# Halloween party invitations



## Spookyboo (Dec 4, 2007)

Hello fellow haunters its been a long time since I have been able to creep around the haunt...but I am now looking forward to this Halloween since last year became impossible. I am asking for suggestions regarding invitations to my Party ... For my costume I am going to be the Fairy Queen of Halloween very dark and mysterious ... decorations will include a lot of bare branches and lights as well as vaseline glass under black lights for fairy magic. I had originally intended on making skeleton fairys and sending one to each guest but the couple people I ran it by were horrified at the idea and so now I had to scrap the whole idea and come up with something new and that something is what I need help with! I just cant come up with anything as interesting! 
All your suggestions are welcome, and thanks!!!


----------



## RoxyBlue (Oct 6, 2008)

Personally, I think a skeleton fairy invitation is a brilliant idea and perfectly in keeping with your theme, but then I also love gargoyles and corpsed buckies


----------



## debbie5 (Mar 2, 2007)

Screw what people think..do what your gut tells u to do!


----------



## DarkLore (Jan 25, 2009)

Sounds like you found a way to separate those who share your vision and enthusiasm, from those who wouldn't get a kick out of it. I agree with the others...go for it.


----------



## debbie5 (Mar 2, 2007)

You could use those little 6 " resin skeletons that come on a string and make some hideous wings for them, and a little branchwand....with a glittery pink tutu??
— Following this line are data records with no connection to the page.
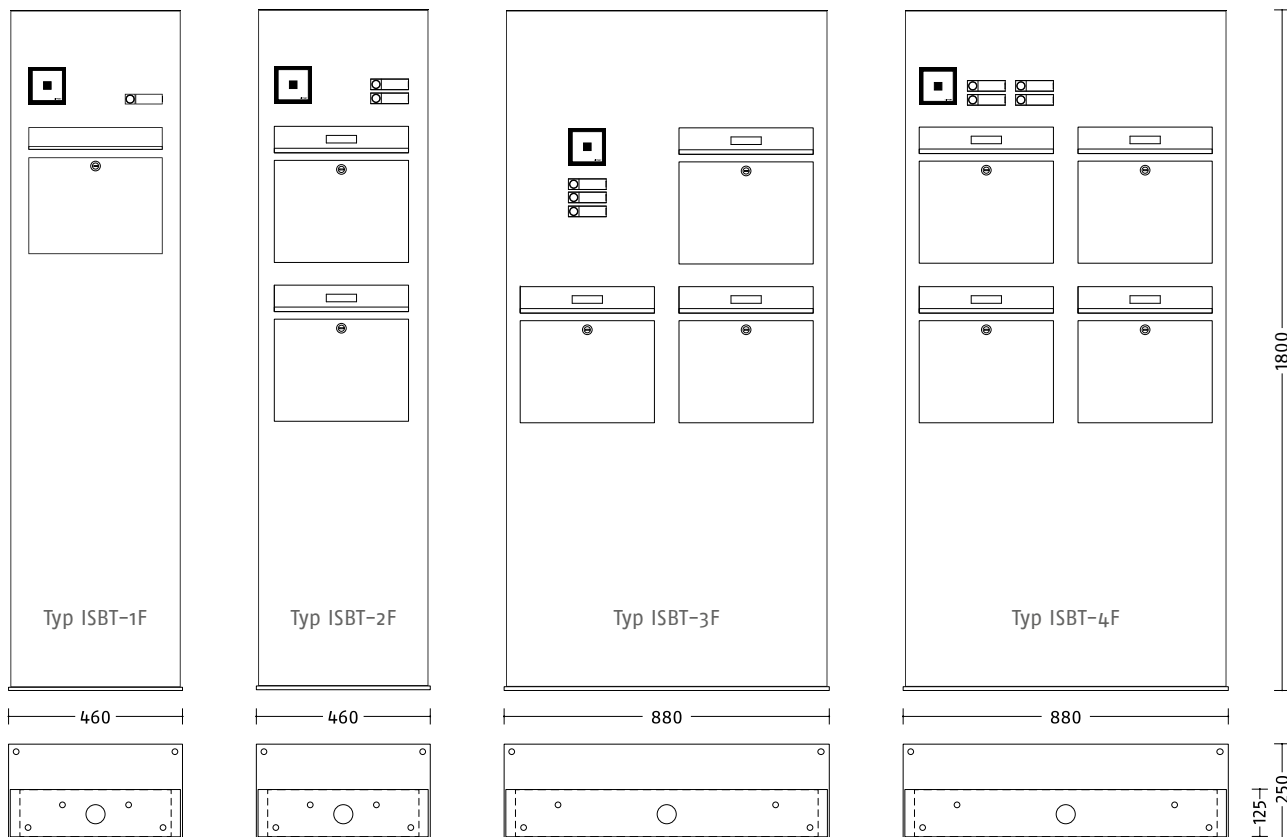

Inoplan Multifunktionsstelen

- ▶ Stele freistehend, mit Briefkästen
- ▶ Typen ohne Briefkästen als Technikstelen siehe Produktprogramm „Sprechanlagen“ oder auf Anfrage
- ▶ Einwurf frontseitig, Entnahme frontseitig oder optional rückseitig (Durchwurf)
- ▶ Fußplatte hinten überstehend; zwei geschützte Befestigungsbohrungen im Innenbereich
- ▶ Front und Verkleidung Edelstahl gebürstet
- ▶ Bestückung / Sondermaße nach Vorgabe

Inoplan Multifunktionsstelen mit Technikfach

- ▶ Inoplan Sprechgitter mit Universaladapter für viele handelsübliche Lautsprecher
- ▶ Kombitaster Typ Inoplan, flächenbündig, Namensschild Vollmetall
- ▶ Revisionszugang rückseitig
- ▶ Bestückung / Sondermaße nach Vorgabe

Jede Inoplan Multifunktionsstelen wird individuell konfiguriert und kalkuliert. Bitte übersenden Sie uns Ihre Wünsche als Anfrage.

Durchwurf

Frontentnahme

- ▶ Sonderausführungen mit individuellen Abmessungen, Ausstattungen, Materialien und Oberflächen auf Anfrage

Like these: I found mine at the local drug store, and they were cheaper:
http://www.orientaltrading.com/ui/s...archMain&Ntk=all&Ntx=mode+matchallpartial&N=0

You can cut the joints apart with scissors and reglue them into poses...hit them with some marker to accentuate the eye sockets, etc.


----------



## Ghostess (Aug 21, 2005)

I love the fairy skeleton idea... I've been toying with making some of those, but I never thought to use them as an invitation.


----------



## Spookyboo (Dec 4, 2007)

Thanks for your support and ideas! I knew you could help!!!


----------



## debbie5 (Mar 2, 2007)

For a less time consuming & a more mailable idea: on Martha's website, under Halloween parties//invites, she has a template for a flat paper skelly invitation: you can put little brads in the joints to make it poseable. You could easily either draw a tutu etc on and add glitter etc or actually glue pieces of tulle on....I'd post the link but I'm lazy.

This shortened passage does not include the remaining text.